What about screenshots?
Screenshots are treated identically to photos by all four methods. The most common scenario is saving a screenshot as PDF so it looks more like a document when sent by email. For a single screenshot, the Print to PDF trick is fastest. For a series of screenshots you want to package together (say, a conversation thread you need to send as evidence), the browser method saves them as sequential pages in one PDF.
What about Live Photos?
iOS converts Live Photos to a static JPEG before processing in all the above methods, the motion component is dropped. The resulting PDF shows the still frame. If you specifically need the video portion of a Live Photo, you need to export it as a video first from the Photos app (Share → Save Video), which is a different workflow.
File size: what to expect
A standard iPhone photo converted to PDF is typically 2–5MB per page, depending on shooting conditions and which method you use. The Print to PDF method at default quality produces slightly smaller files than the browser method at high quality because the print renderer applies more compression.
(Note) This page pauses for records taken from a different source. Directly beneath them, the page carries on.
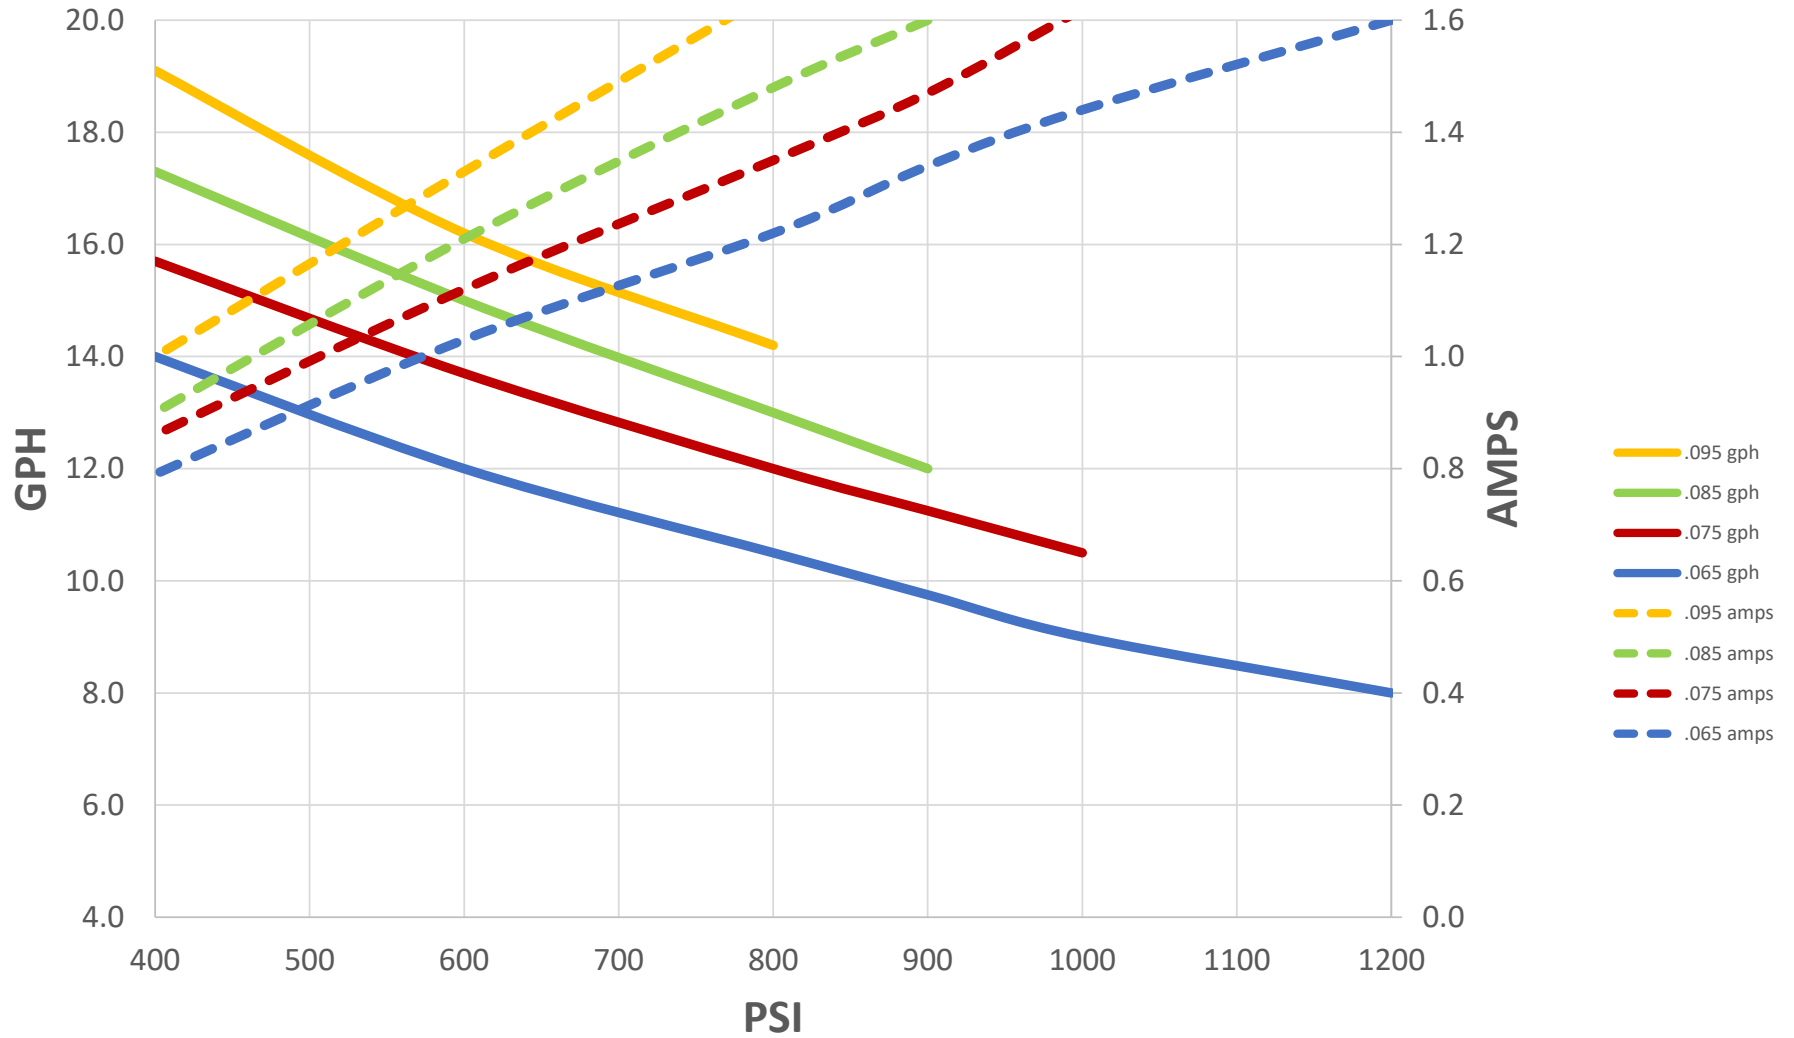

116C-120V PMDC Performance

Data recorded pumping water at room temperature and rectified 115VAC power. Performance will vary with voltage fluctuations, application, and mfg tolerances. Copyright Pumptec Inc. 2020
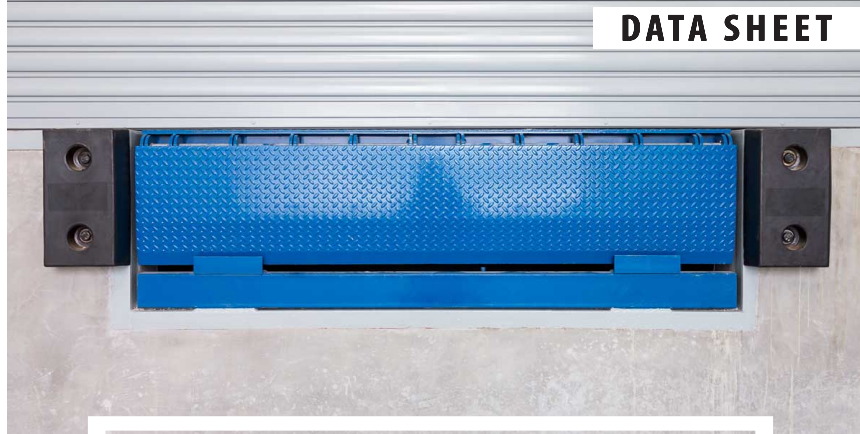

# PRODUCT SPECS

Product Code: DBR-P450

Length: 450mm

Width: 230mm

Height: 100mm

Weight: 12kg

Finish: High strength rubber

## DOCKING BUMPER PAD - BLACK RUBBER

- Manufactured from high-strength rubber
- Protection against impacts and collision
- Can be used in indoor or outdoor
- Installation service available

The Docking Bumper Pad - Black Rubber is the ideal way to prevent harm to structures and cars while loading and unloading.

This bumper pad is made of high-strength rubber, is designed to endure the worst conditions, and may be used in loading bays and even jetties.

Measures 450mm by 230mm with a height of 100mm and weighs 12 kg, this offers exceptional protection against impacts and collisions, keeping your assets safe and secure whether you're working inside or outside.
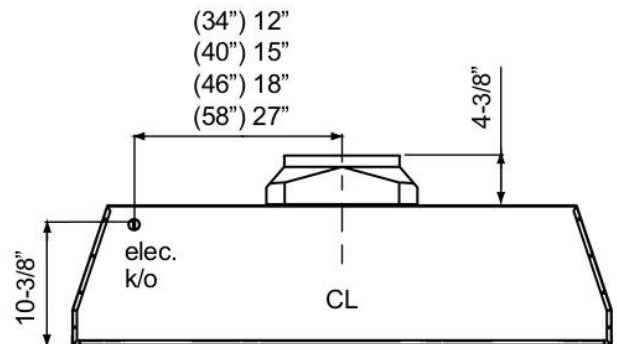

PRO

SPRUCE

OUTDOOR INSERT

ZEPHYR

ZEPHYRONLINE.COM

48" model

FRONT

TOP
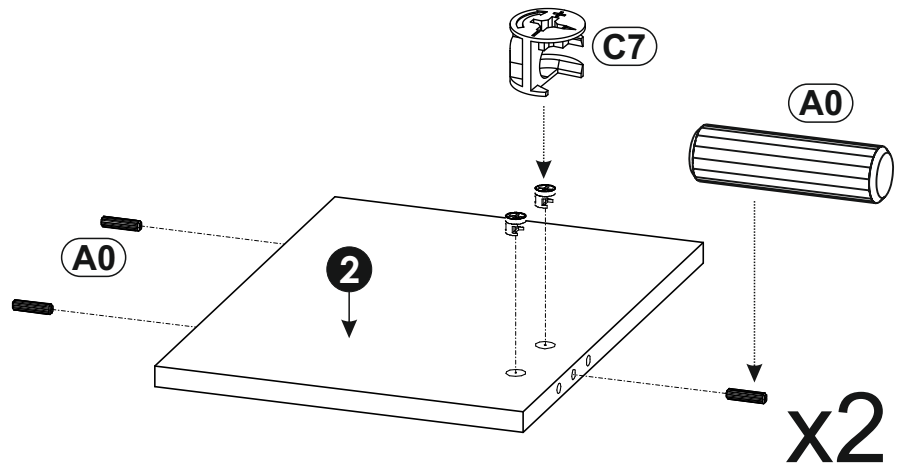

BARCELONA COAT PEG

1	2020	400	16	x1	1/1
2	390	290	16	x2	1/1
3	2020	120	16	x1	1/1
					1/1

1 ▶

A0	8 x 30mm	x6	C7		x4
				16mm	

2 ▶

C2		x4	D5	3,5 x 16 mm	x1
					
			O0		x1
					

3 ▶ A

(D5) 3,5 x 16 mm  x1	(H2) 4 x 22 mm  x6	(O0)  x1
		(P16)  x3

3 ▶ B

(D5) 3,5 x 16 mm  x1	(H2) 4 x 22 mm  x6	(O0)  x1
		(P16)  x3

4 ▶ A

4 ▶ B

5 ▶ A

5 ▶ B

6 ▶ A

P25 	x2	D0 3 x 15 mm 	x8	T3 	x5
---	-----------	---	-----------	--	-----------

6 ▶ B

P25 	x2	D0 3 x 15 mm 	x8	T3 	x5
---	-----------	---	-----------	--	-----------

7 ▶

E1	8 x 40 mm	x2
S0	L-282	x1
P26		x3

- 1**
- 2**
- 3**
- 4**

max.
3 kg

max.
5 kg

max.
5 kg
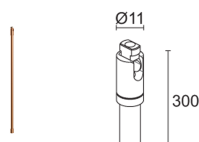

WDA02Y

Rigid arm - h 300 mm
rose gold

Order together with the fixing base or the nipple
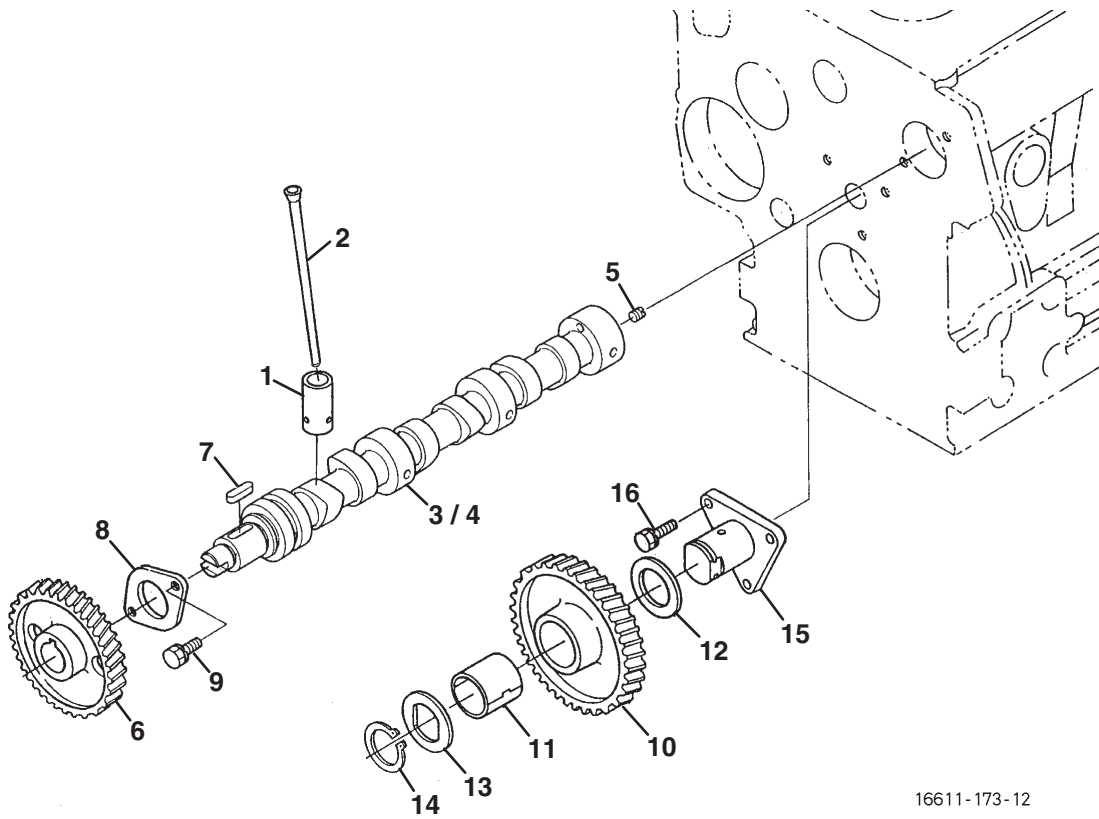

F - LF510 (D1105-E3B-TXN-3)

> Change from previous revision

16611-173-12

KUBOTA D1105-T-E3B

Engine	Item	Part No.	Qty.	Description	Serial Numbers/Notes
●	1	4177265	6	Tappet	
●	2	2500939	6	Push Rod	
ABCF	3	4183582	1	Assy Camshaft	
DE	3	4183598	1	Assy Camshaft	
DE	4	4183599	1	• Camshaft	
●	5	553067	1	• Screw, Set	
●	6	2500940	1	• Gear, Cam	
●	7	553860	1	• Key, Feather	
●	8	2500941	1	• Stopper, Camshaft	
●	9	550362	2	• Bolt	
●	10	2500942	1	Comp Gear, Idle	
●	11	2500943	1	• Bush, Idle Gear	
●	12	2500944	1	Collar, Idle Gear	
●	13	2500945	1	Collar, Idle Gear	
●	14	2500946	1	Cir Clip, Idle Gear	
●	15	2500947	1	Shaft, Idle Gear	
●	16	550362	3	Bolt	
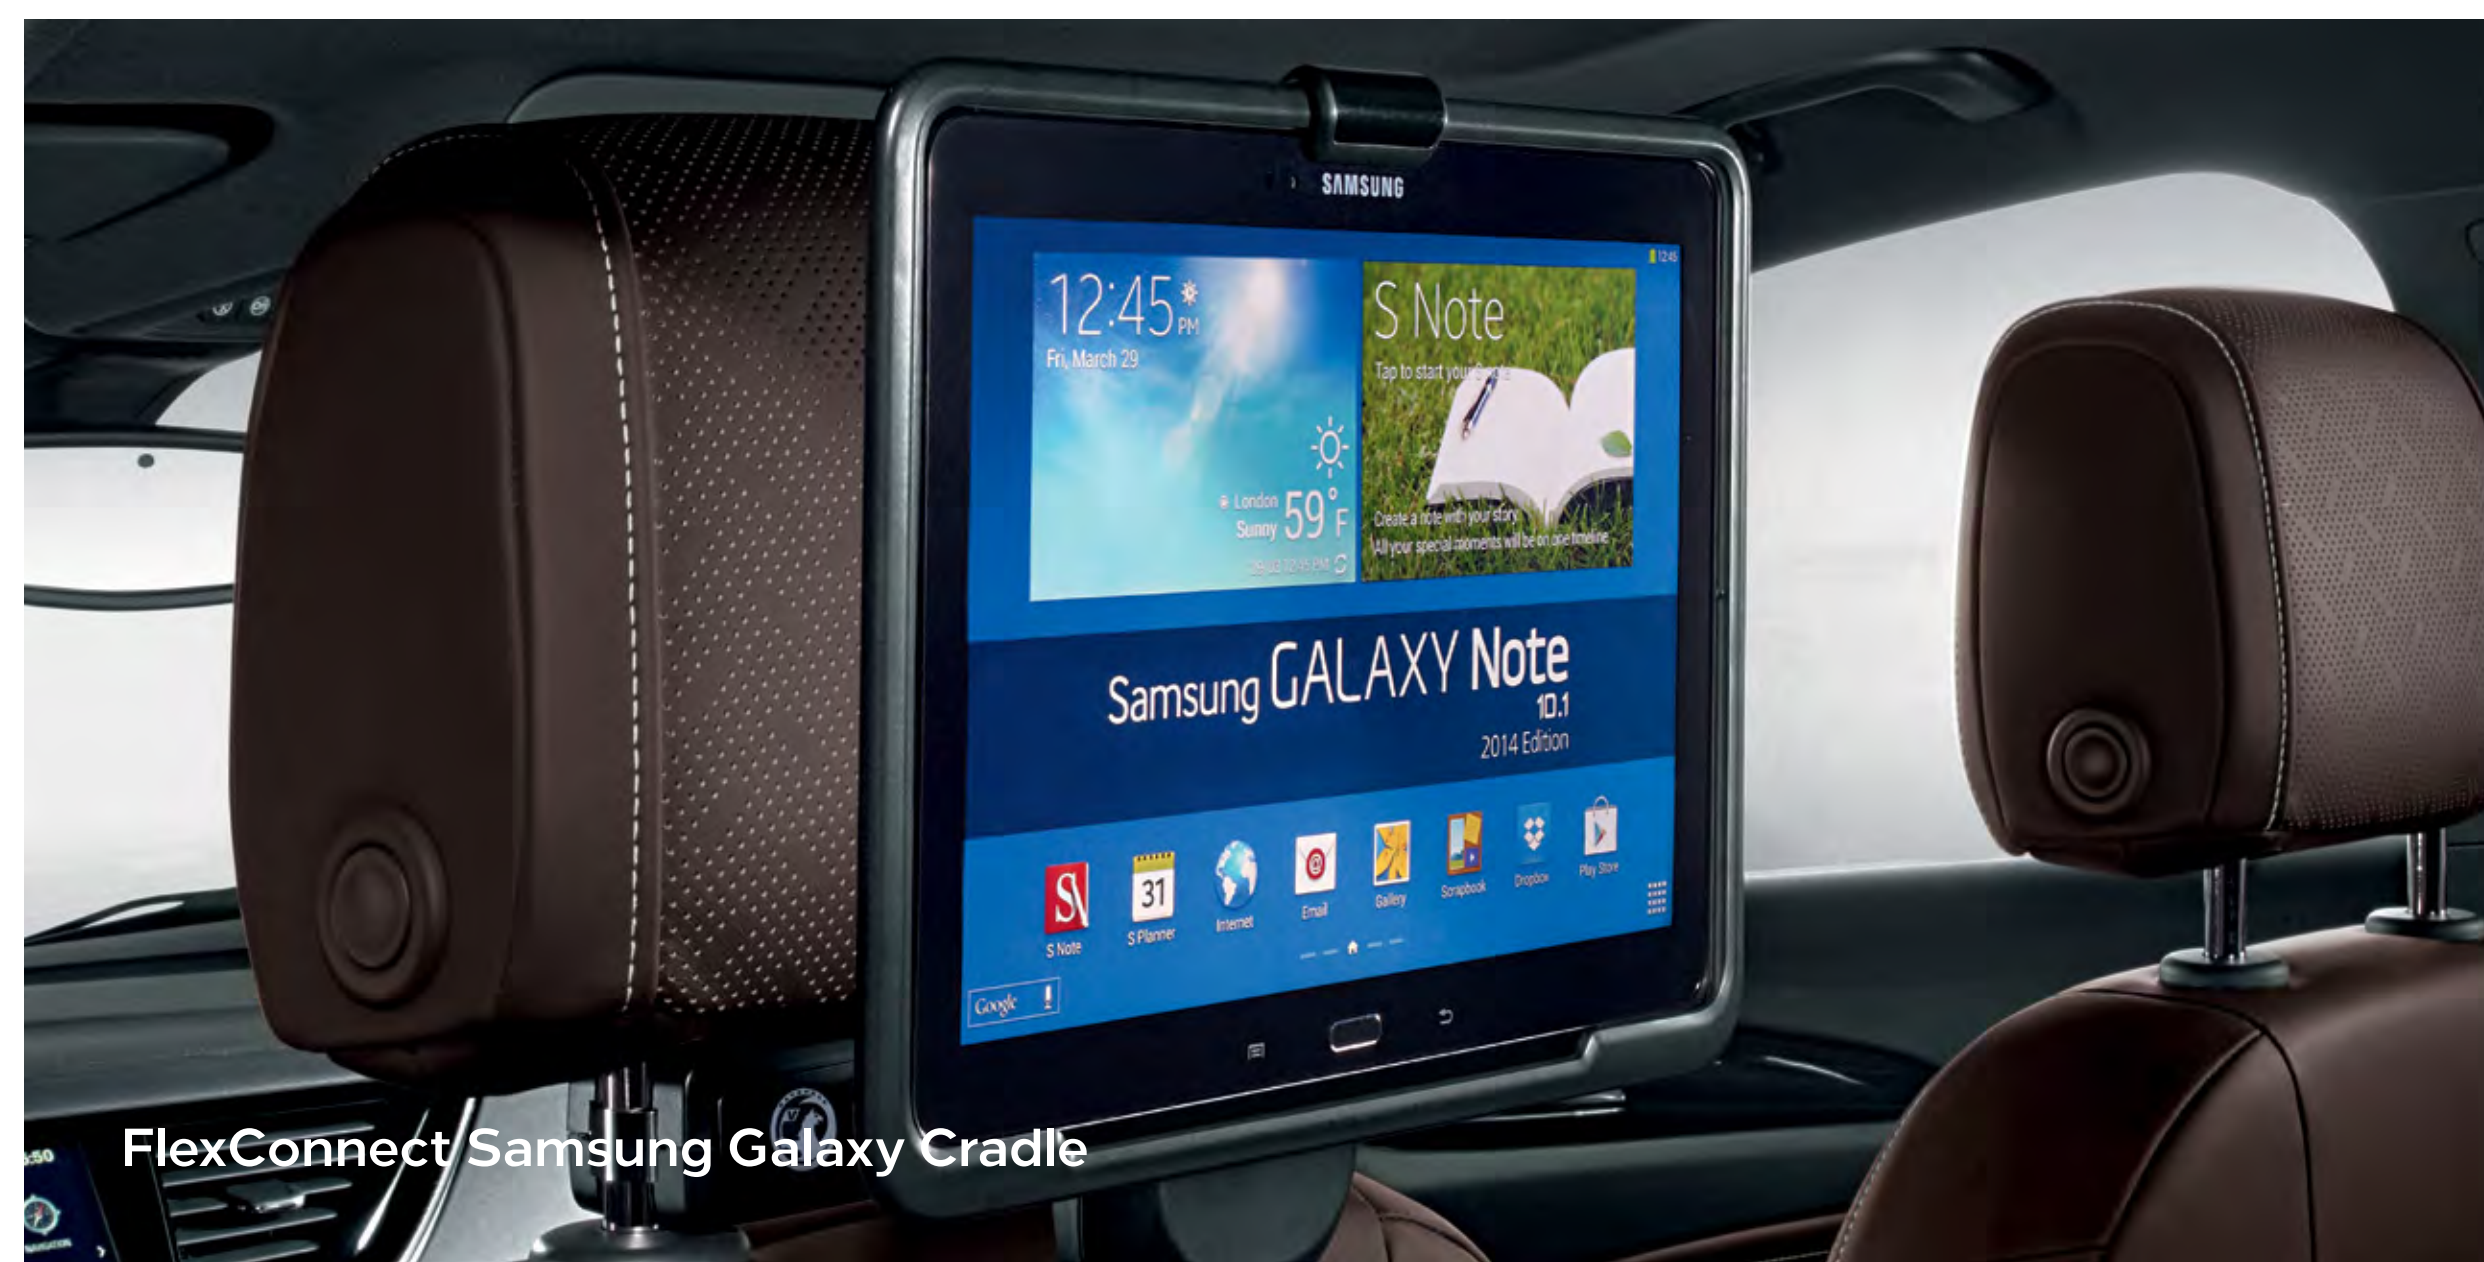

**Cup not included.

FlexConnect iPad Cradle

FlexConnect iPad Air Cradle

FlexConnect iPad Mini Cradle

FlexConnect Samsung Galaxy Cradle

FlexConnect Range

A range of tablet cradles, fully adjustable for watching films, reading and typing. Simply detach from the bracket to take your device with you in the holder.

If the resulting PDF is too large to email, open it in PDFWhisk's compressor and choose a target size, 5MB or 10MB is practical for most email clients.
Saving photos as PDFs is genuinely straightforward once you know which step is non-obvious (the Print to PDF pinch gesture, or the Quick Actions menu in Files). None of these methods require an account, an app download, or sending your photos to a third-party server.